From the Rotten Tomatoes website, the 2016 movie “10 Cloverfield Lane” obtained a critics score of 90. It received the horror designation. Our predictive model returned an audience score of 68. The audience score on Rotten Tomatoes was 79. However, the range of uncertainty (95% confidence level) of the model is 39 to 96.
cloverfield <- data.frame(critics_score = 90, documentary = "no", horror = "yes", musical = "no")
predict(m_doc_hor_mus, cloverfield, interval = "prediction", level = 0.95)## fit lwr upr
## 1 67.50425 39.13961 95.8689
From the Rotten Tomatoes website, the movie “Knives Out” has a critics score of 96. Our predictive model for audience score gave a result of 80 (as seen below). The reported audience score on the website is 92. However, this fits within the range of uncertainty (95% confidence level) provided by the model. The range of uncertainty extends from 52 to 107 (which is beyond the scale).
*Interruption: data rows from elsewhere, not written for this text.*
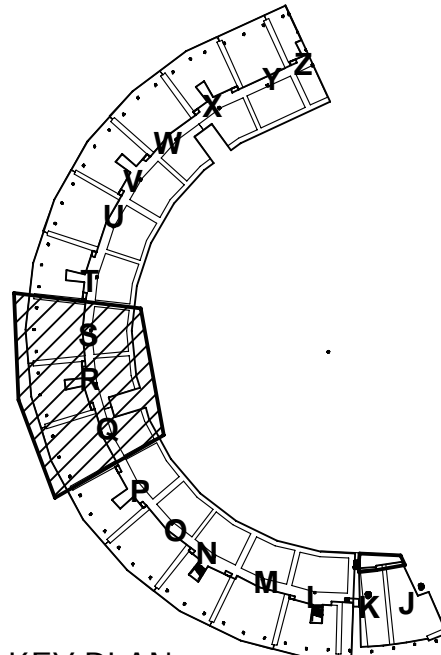

THE PENDLETON ROUND-UP ASSOCIATION CENTENNIAL GRANDSTAND

SEAT LAYOUT 12.22.09

SEATING TOTALS	
5120	- Upper Bench
308	- Upper Box
80	- ADA / 123 - Comp.
447	- Lower Box
1735	- Lower Bench
7813	Total

SECTION Q	
358	- Upper Bench
44	- Upper Box
3	- ADA / 7 - Comp.
21	- Lower Box
83	- Lower Bench

SECTION R	
358	- Upper Bench
0	- Upper Box
5	- ADA / 7 - Comp.
27	- Lower Box
101	- Lower Bench

SECTION S	
358	- Upper Bench
44	- Upper Box
6	- ADA / 9 - Comp.
32	- Lower Box
125	- Lower Bench

Sections Q, R, S	
1074	- Upper Bench
88	- Upper Box
14	- ADA / 23 - Comp.
80	- Lower Box
309	- Lower Bench
1588	Total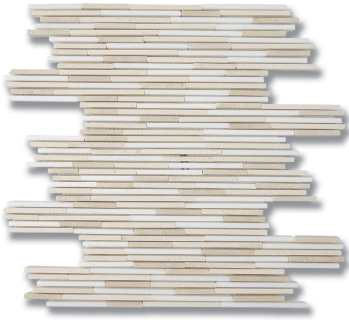

HEAVY RAIN GENTLE BLND H BB H/EDUNE H/THASS H *Stone, Marble*

PART NUMBER
MB1004-HERAHO

PROFILE
MOSAIC

AVAILABILITY
AVAILABLE ON REQUEST

DIMENSIONS
1pc=10x11-5/8=0.81sqft

APPLICATION AREA

WALL	FLOOR	EXTERIOR	STEAM SHOWER	WET AREA	POOL	BACKSPLASH	FIREPLACE SURROUND	INTERIOR
Yes	No	No	No	No	No	Yes	No	Yes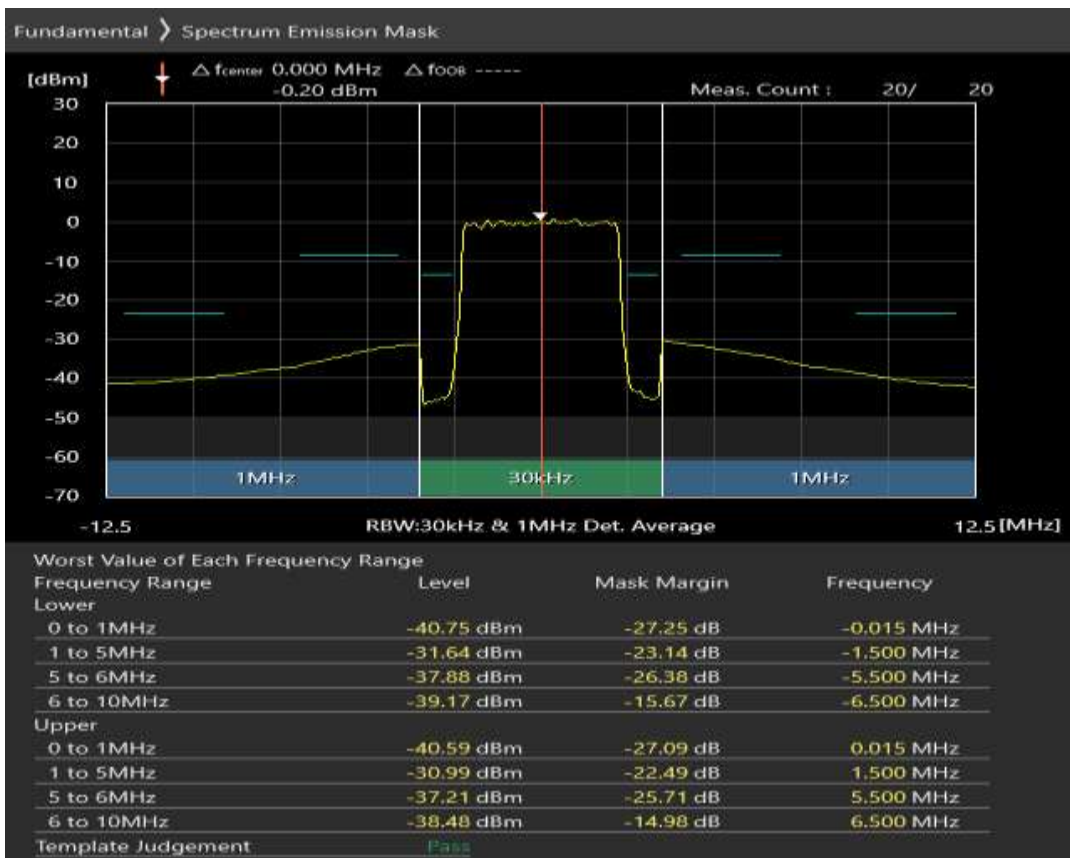

Band40 QPSK BW=5MHz Channel=39625 RB Size=25 Position=#0

Band40 16QAM BW=5MHz Channel=39625 RB Size=8 Position=#0

Band40 16QAM BW=5MHz Channel=39625 RB Size=8 Position=#Max

Band40 16QAM BW=5MHz Channel=39625 RB Size=25 Position=#0

knives_out <- data.frame(critics_score = 96, documentary = "no", horror = "no", musical = "no")
predict(m_doc_hor_mus, knives_out, interval = "prediction", level = 0.95)## fit lwr upr
## 1 79.9868 52.20568 107.7679
For the question – Which variables in the “movies” data set are predictors for the general popularity of a movie? – we settled upon the Rotten Tomatoes’ audience score and the IMDb rating as representatives of general popularity. These variables are highly correlated with one another. To find predictors for these variables, we focused on Rotten Tomatoes’ audience score. We examined several candidates. The obvious one was the Rotten Tomatoes’ critics score. In addition, whether or not a movie was a documentary, a horror, or fit in the genre “Musical & Performing Arts” also was significant and found to make a difference in adjusted R-squared.
In making predictions, however, our final models have large uncertainties. So, when using the models, the predictions are not that accurate. Perhaps other variables not included in the data set might help – for example, a more detailed categorization of genres. A better grasp of how the critics score is determined might also help for making better predictions. This would be something to possibly research further.